## About this exercise
Where a line below includes the word "WITH", copy that line.

## Data supplied
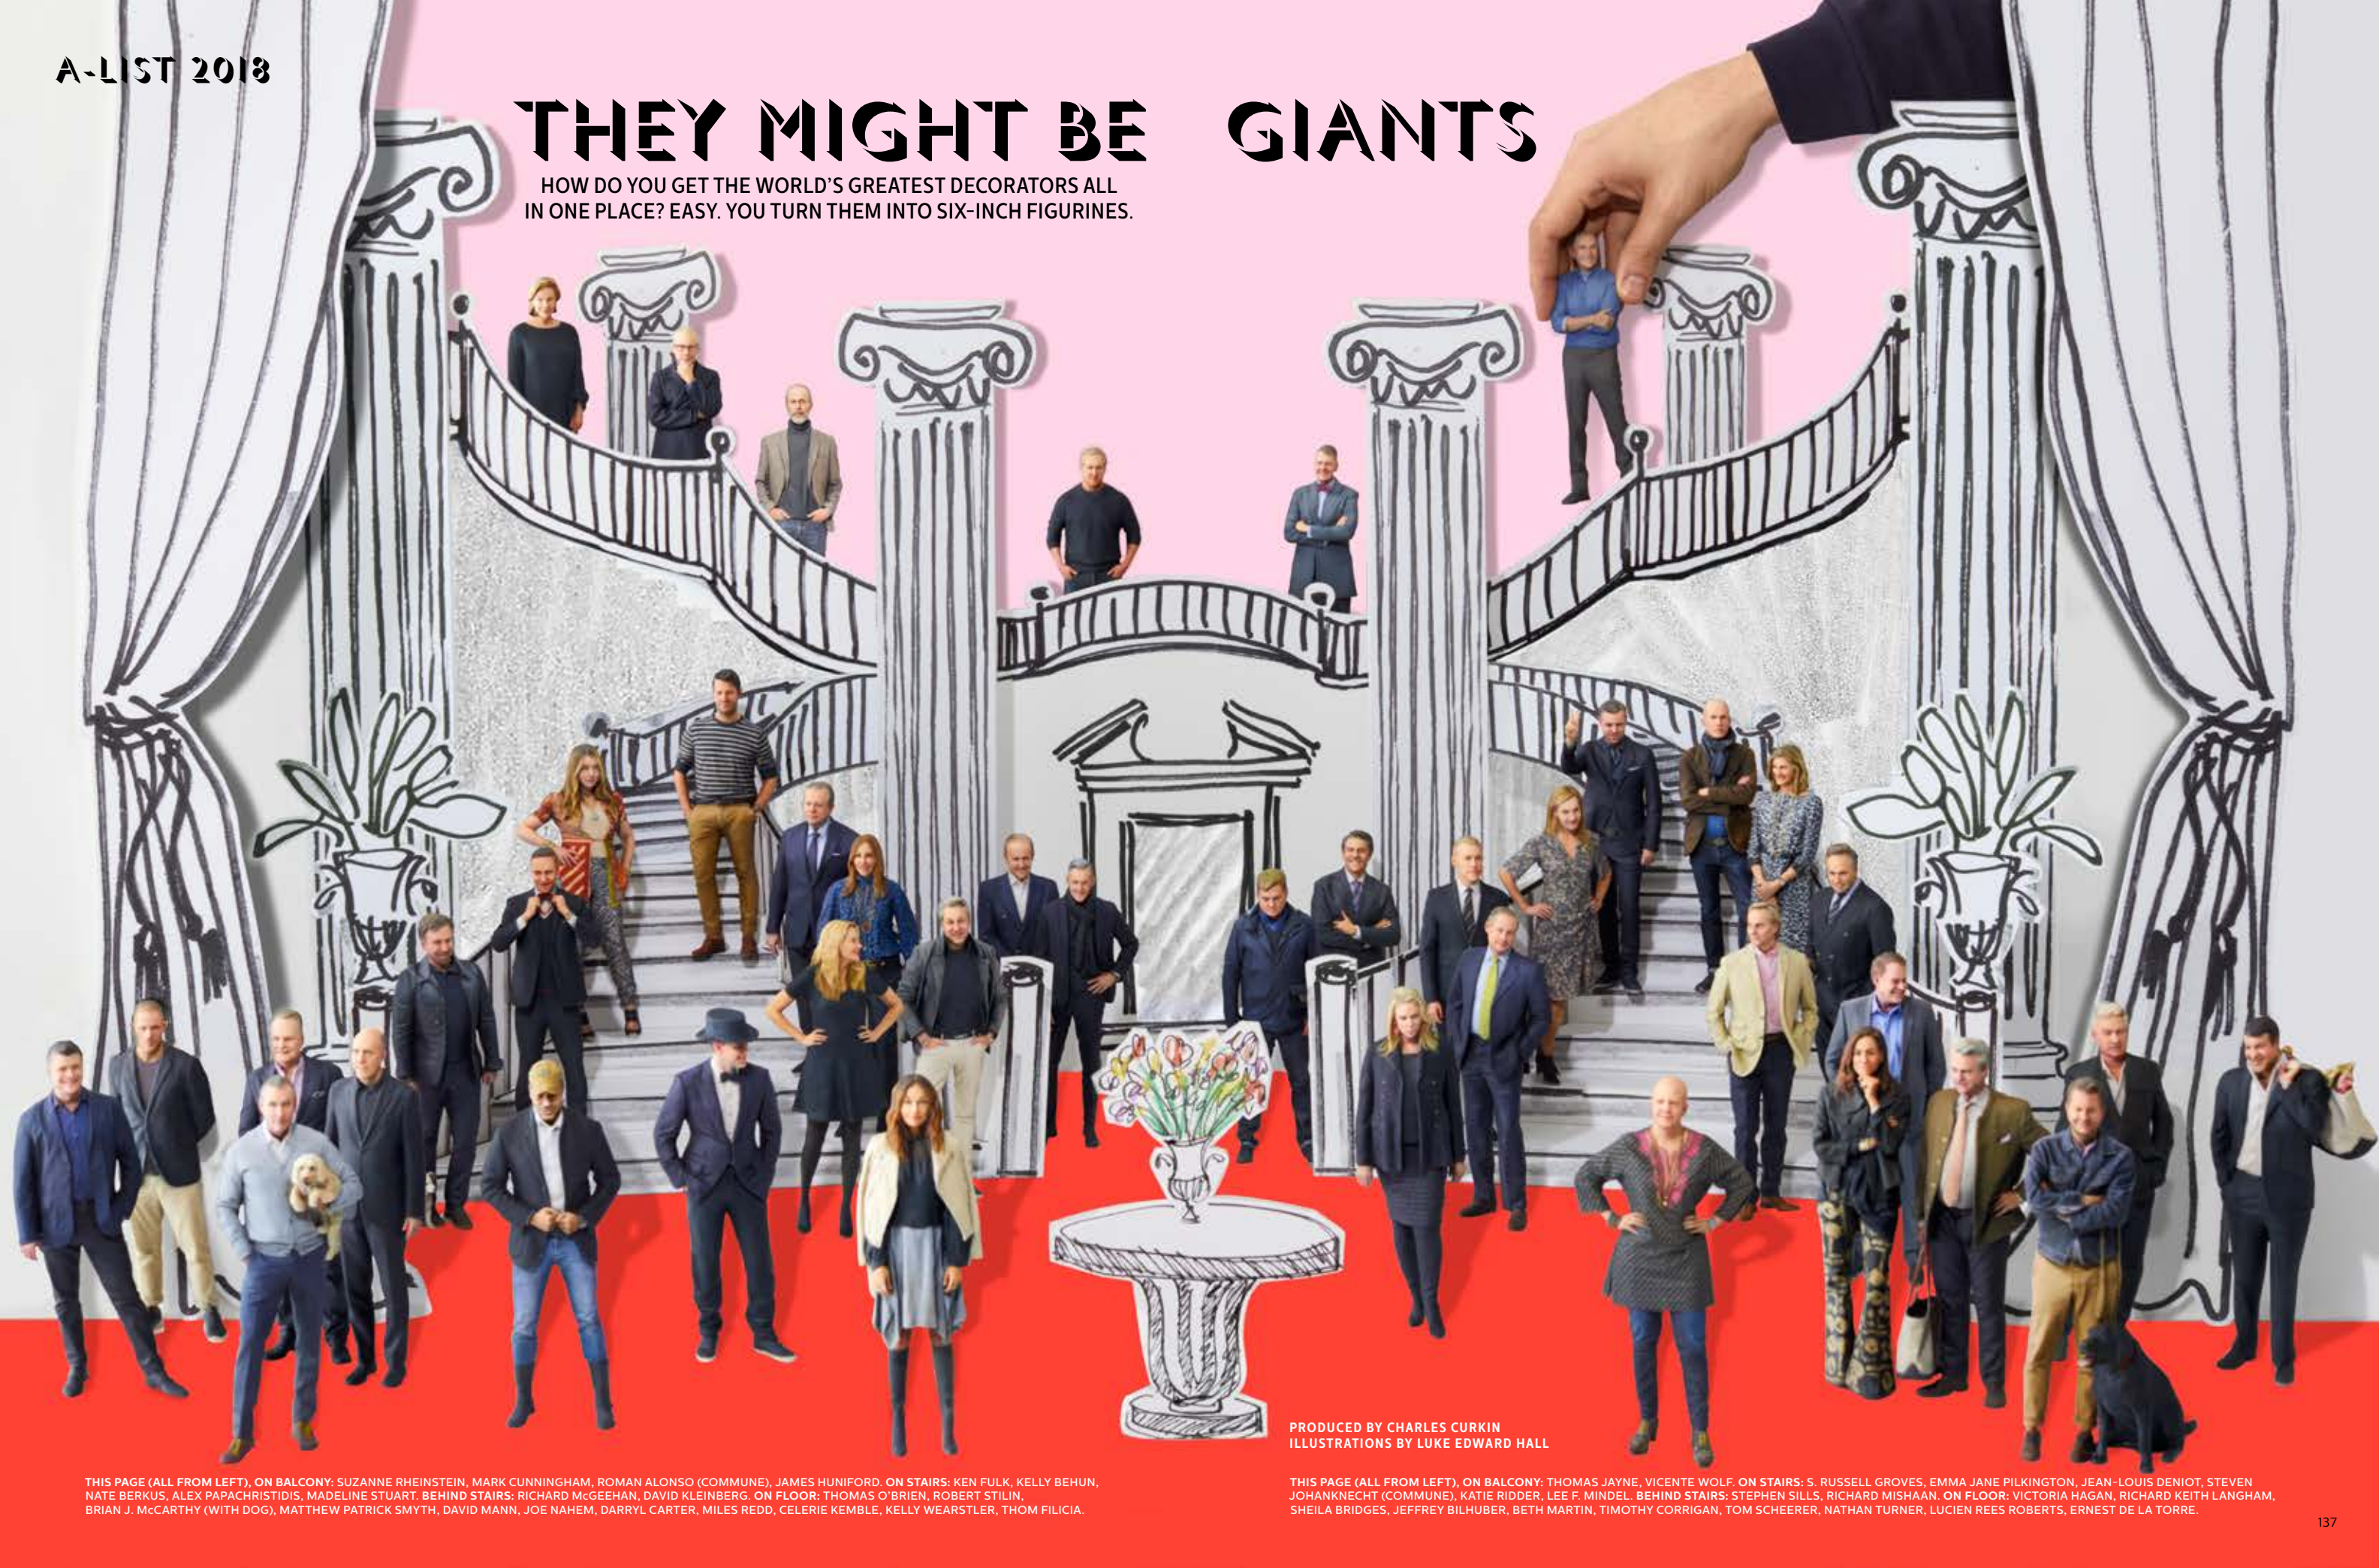

THEY MIGHT BE GIANTS

HOW DO YOU GET THE WORLD'S GREATEST DECORATORS ALL IN ONE PLACE? EASY. YOU TURN THEM INTO SIX-INCH FIGURINES.

PRODUCED BY CHARLES CURKIN
ILLUSTRATIONS BY LUKE EDWARD HALL

THIS PAGE (ALL FROM LEFT), ON BALCONY: SUZANNE RHEINSTEIN, MARK CUNNINGHAM, ROMAN ALONSO (COMMUNE), JAMES HUNIFORD. ON STAIRS: KEN FULK, KELLY BEHUN, NATE BERKUS, ALEX PAPACHRISTIDIS, MADELINE STUART. BEHIND STAIRS: RICHARD MCGEEHAN, DAVID KLEINBERG. ON FLOOR: THOMAS O'BRIEN, ROBERT STILIN, BRIAN J. MCCARTHY (WITH DOG), MATTHEW PATRICK SMYTH, DAVID MANN, JOE NAHEM, DARRYL CARTER, MILES REDD, CELERIE KEMBLE, KELLY WEARSTLER, THOM FILICIA.

THIS PAGE (ALL FROM LEFT), ON BALCONY: THOMAS JAYNE, VICENTE WOLF. ON STAIRS: S. RUSSELL GROVES, EMMA JANE PILKINGTON, JEAN-LOUIS DENIOT, STEVEN JOHANKNECHT (COMMUNE), KATIE RIDDER, LEE F. MINDEL. BEHIND STAIRS: STEPHEN SILLS, RICHARD MISHAAN. ON FLOOR: VICTORIA HAGAN, RICHARD KEITH LANGHAM, SHEILA BRIDGES, JEFFREY BILHUBER, BETH MARTIN, TIMOTHY CORRIGAN, TOM SCHEERER, NATHAN TURNER, LUCIEN REES ROBERTS, ERNEST DE LA TORRE.

THE NOOBS

THIS YEAR, OUR LIST OF INCREDIBLE TALENTS GOT LONGER, WITH MORE THAN 20 NEW ADDITIONS FROM LOS ANGELES TO BURKINA FASO.

RYAN KORBAN
SARA GILBANE
ERIC HUGHES
SHAWN HENDERSON
ASHLEY WHITTAKER
ANNE MAXWELL FOSTER (TILTON FENWICK)
DAN FINK
INDIA MAHDAVI
PALOMA CONTRERAS
FRANK DE BIASI
NICK OLSEN
PETER DUNHAM

## Solution for this problem
THIS PAGE (ALL FROM LEFT), ON BALCONY: SUZANNE RHEINSTEIN, MARK CUNNINGHAM, ROMAN ALONSO (COMMUNE), JAMES HUNIFORD. ON STAIRS: KEN FULK, KELLY BEHUN, NATE BERKUS, ALEX PAPACHRISTIDIS, MADELINE STUART. BEHIND STAIRS: RICHARD MCGEEHAN, DAVID KLEINBERG. ON FLOOR: THOMAS O'BRIEN, ROBERT STILIN, BRIAN J. MCCARTHY (WITH DOG), MATTHEW PATRICK SMYTH, DAVID MANN, JOE NAHEM, DARRYL CARTER, MILES REDD, CELERIE KEMBLE, KELLY WEARSTLER, THOM FILICIA.
THIS YEAR, OUR LIST OF INCREDIBLE TALENTS GOT LONGER, WITH MORE THAN 20 NEW ADDITIONS FROM LOS ANGELES TO BURKINA FASO.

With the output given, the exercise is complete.